В замечательной одноактной пьесе «Урок» Эжена Ионеско есть такой диалог, который мы приведём с купюрами.

«Учитель. ‹…› Сколько будет, ну, скажем, если три миллиарда семьсот пятьдесят пять миллионов девятьсот девяносто восемь тысяч двести пятьдесят один умножить на пять миллиардов сто шестьдесят два миллиона триста три тысячи пятьсот восемь?

Ученица. Это будет девятнадцать квинтиллионов триста девяносто квадриллионов два триллиона восемьсот сорок четыре миллиарда двести девятнадцать миллионов сто шестьдесят четыре тысячи пятьсот восемь. ‹…›

Учитель (сосчитав в уме, с нарастающим изумлением). Да… Вы правы… ответ, действительно… (невнятно бормочет) квадриллионов… триллионов… миллиардов… миллионов… (разборчиво) сто шестьдесят четыре тысячи пятьсот восемь… (Ошеломленно.) Но каким образом вы это вычислили, если вам недоступны простейшие приемы арифметического мышления?

Ученица. Очень просто. Поскольку я не могу положиться на свое арифметическое мышление, я взяла и выучила наизусть все результаты умножения, какие только возможны».

Всех результатов умножения бесконечно много, так что выучить их наизусть невозможно. Да и не нужно: Ионеско справедливо утверждает, что «математика — заклятый враг зубрёжки». (Кстати, теоретическая невозможность выучить все результаты получила в приведённом диалоге и экспериментальное подтверждение. Дело в том, что Ученица дала неправильный ответ: правильным ответом является число 19 389 602 947 179 164 508, а ею названо число 19 390 002 844 219 164 508. Не берусь судить, получил ли этот факт должное отражение в ионесковедении.)

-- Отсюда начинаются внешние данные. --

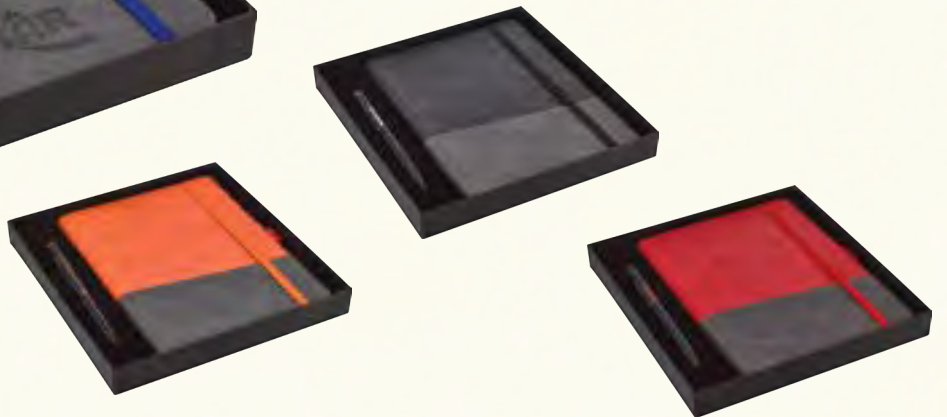

KUTULU SET D-5319

Mecidiyeköy 15x21 Defter
Tükenmez Kalem

KUTULU SET D-5420

Laleli 15x21 Defter
Tükenmez Kalem
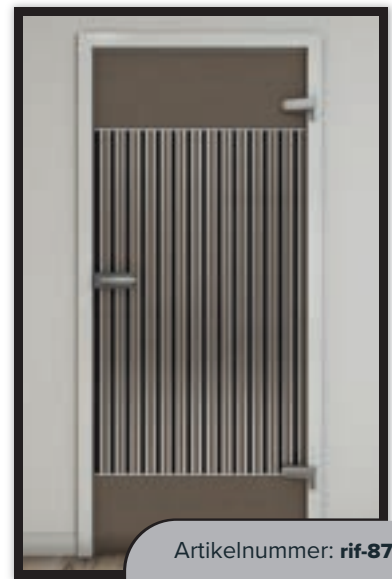

Wenge

Okkernoot

Eik

Pijnboom

Oude Eik

Marmer Zwart

Wit

Zwart

Marmer Wit

Okkernoot/Wenge
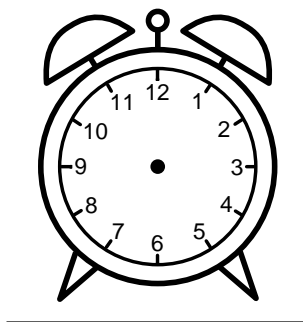

Se hvad klokken er - tegn derefter de rigtige visere eller skriv tidspunktet under uret.

05:30

07:30

10:30

02:30

09:30

01:30

Se hvad klokken er - tegn derefter de rigtige visere eller skriv tidspunktet under uret.
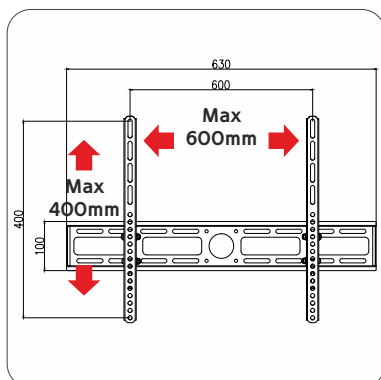

### Screen diagonal size (32-70")

Tamanho diagonal do ecrã (32-70")  
Tamaño diagonal de pantalla (32-70")  
Diagonal écran (32-70")

### Distance from wall (1.3")

Distância da parede (34mm)  
Distancia de la pared (34mm)  
Distance du mur (34mm)

### Maximum VESA 600x400

VESA máxima 600x400  
VESA máxima 600x400  
VESA maximale 600x400

Но мы ведь умеем умножать. Это потому, что ещё в начальной школе нам сообщают некоторый общий способ умножения любых целых чисел, а именно способ умножения столбиком. Любой человек, овладевший этим способом, имеет право заявить, что теперь он готов умножить друг на друга любые два натуральных числа — и не потому, что он выучил все результаты (что, повторим, невозможно), а именно потому, что указанный способ позволяет найти требуемый результат для любой пары сомножителей.

На примере с умножением можно получить представление о понятии массовая задача. Массовая задача образуется путём совместного рассмотрения серии однотипных единичных задач. В случае умножения каждая единичная задача состоит в указании пары конкретных чисел (как, например, тех, которые были названы Ученице Учителем) и требовании найти их произведение. Это произведение является решением предложенной единичной задачи. Массовая же задача состоит здесь в требовании найти некий метод, позволяюший найти произведение для каждой отдельной пары чисел. Другой простой пример. Задача решить квадратное уравнение x2 — 13x + 30 = 0 — это единичная задача, и её решением служит пара чисел 3 и 10. А вот изучаемая в средней школе задача о решении произвольного квадратного уравнения — это массовая задача, и её решением служит всем известная (или долженствующая быть всем известной) формула, дающая решение для любого конкретного квадратного уравнения. Остановим свой взгляд на какой-нибудь массовой задаче и посмотрим, чем отличаются друг от друга составляющие её единичные задачи. Мы видим, что они отличаются своими исходными данными. Для каждой единичной задачи умножения исходным данным служит конкретная пара чисел. А для каждой единичной задачи на решение квадратного уравнения исходное данное — это конкретное квадратное уравнение.

Решением же массовой задачи является общий метод, дающий для каждой из составляющих её единичных задач решение этой задачи. Если предложенный общий метод состоит в последовательности строго детерминированных операций, ведущих от исходного данного к результату, он называется конструктивным, или эффективным, или алгоритмическим, или, короче, алгоритмом. Таким образом, можно говорить об алгоритме сложения столбиком, об алгоритме умножения столбиком, об алгоритме решения квадратных уравнений и т. п. Алгоритмы играют в математике, да и во всей нашей жизни, большую роль — особенно в связи с развитием компьютерной технологии.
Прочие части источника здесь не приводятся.